=== Task to carry out ===
Print only the lines from the top of the data through the line with "Lot 88_2° verdieping", both included, skipping every picture.

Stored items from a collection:
-------------------------
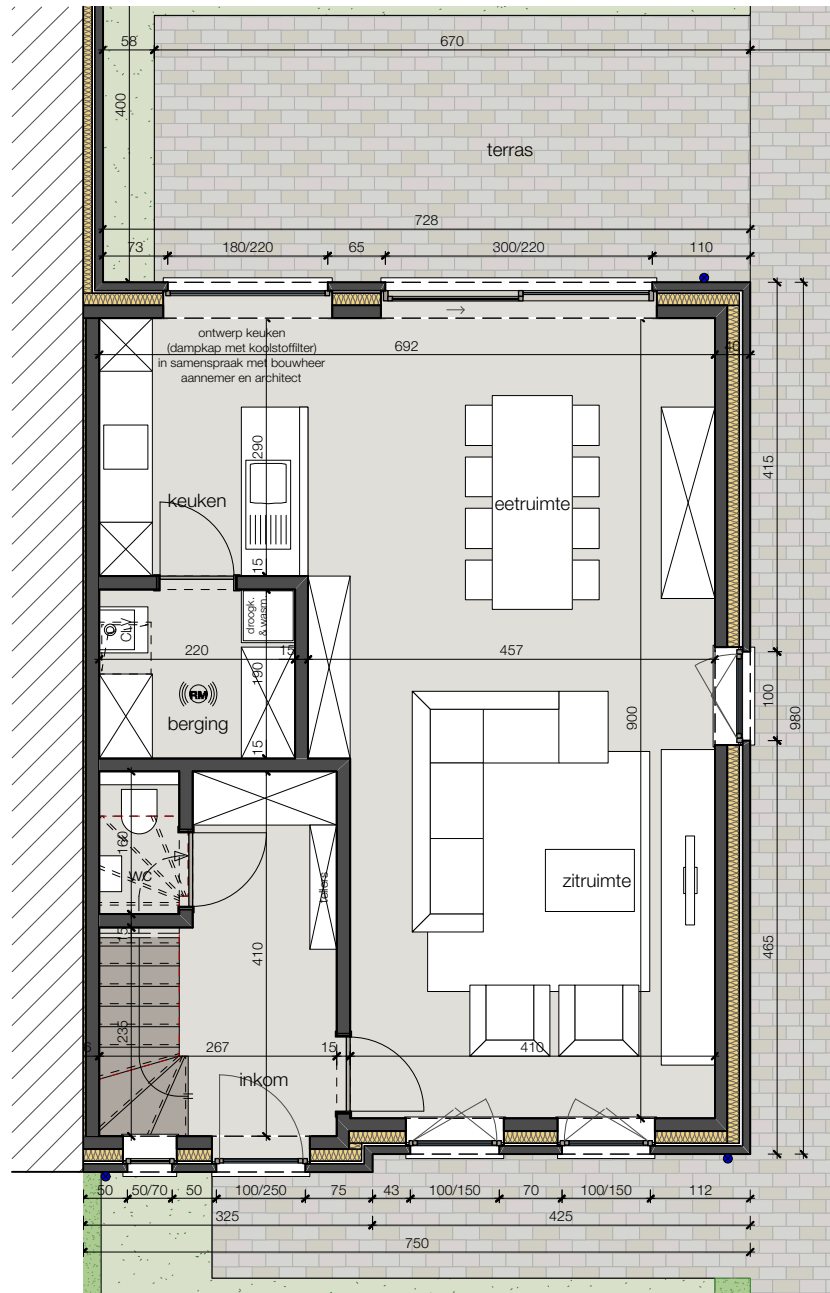

LOT 88

ZUIDSTRAAT KAPRIJKE

6/05/21

Lot 88_gelijkvloers

ZUIDSTRAAT KAPRIJKE

6/05/21

Lot 88_1° verdieping

ZUIDSTRAAT KAPRIJKE

6/05/21

Lot 88_sne

Alle afmetingen zijn informatief. Constructieve wijzigingen van de plannen onder voorbehoud van studie IR stabiliteit en studie IR technieken. Het voorgestelde meubilair is louter illustratief en niet bindend. De plannen mogen niet gekopieerd/hergebruikt worden.

ZUIDSTRAAT KAPRIJKE

LOT 88

6/05/21

Lot 88_zijgevel

ZUIDSTRAAT KAPRIJKE

6/05/21

Lot 88_2° verdieping

Lot 88_achtergevel

LOT 88

ZUIDSTRAAT KAPRIJKE

6/05/21

Lot 88_carport

ZUIDSTRAAT KAPRIJKE

6/05/21

Lot 88_inplanting

Alle afmetingen zijn informatief. Constructieve wijzigingen van de plannen onder voorbehoud van studie IR stabiliteit en studie IR technieken. Het voorgestelde meubilair is louter illustratief en niet bindend. De plannen mogen niet gekopieerd/hergebruikt worden.
-------------------------
=== Exercise solution ===
LOT 88

ZUIDSTRAAT KAPRIJKE

6/05/21

Lot 88_gelijkvloers

ZUIDSTRAAT KAPRIJKE

6/05/21

Lot 88_1° verdieping

ZUIDSTRAAT KAPRIJKE

6/05/21

Lot 88_sne

Alle afmetingen zijn informatief. Constructieve wijzigingen van de plannen onder voorbehoud van studie IR stabiliteit en studie IR technieken. Het voorgestelde meubilair is louter illustratief en niet bindend. De plannen mogen niet gekopieerd/hergebruikt worden.

ZUIDSTRAAT KAPRIJKE

LOT 88

6/05/21

Lot 88_zijgevel

ZUIDSTRAAT KAPRIJKE

6/05/21

Lot 88_2° verdieping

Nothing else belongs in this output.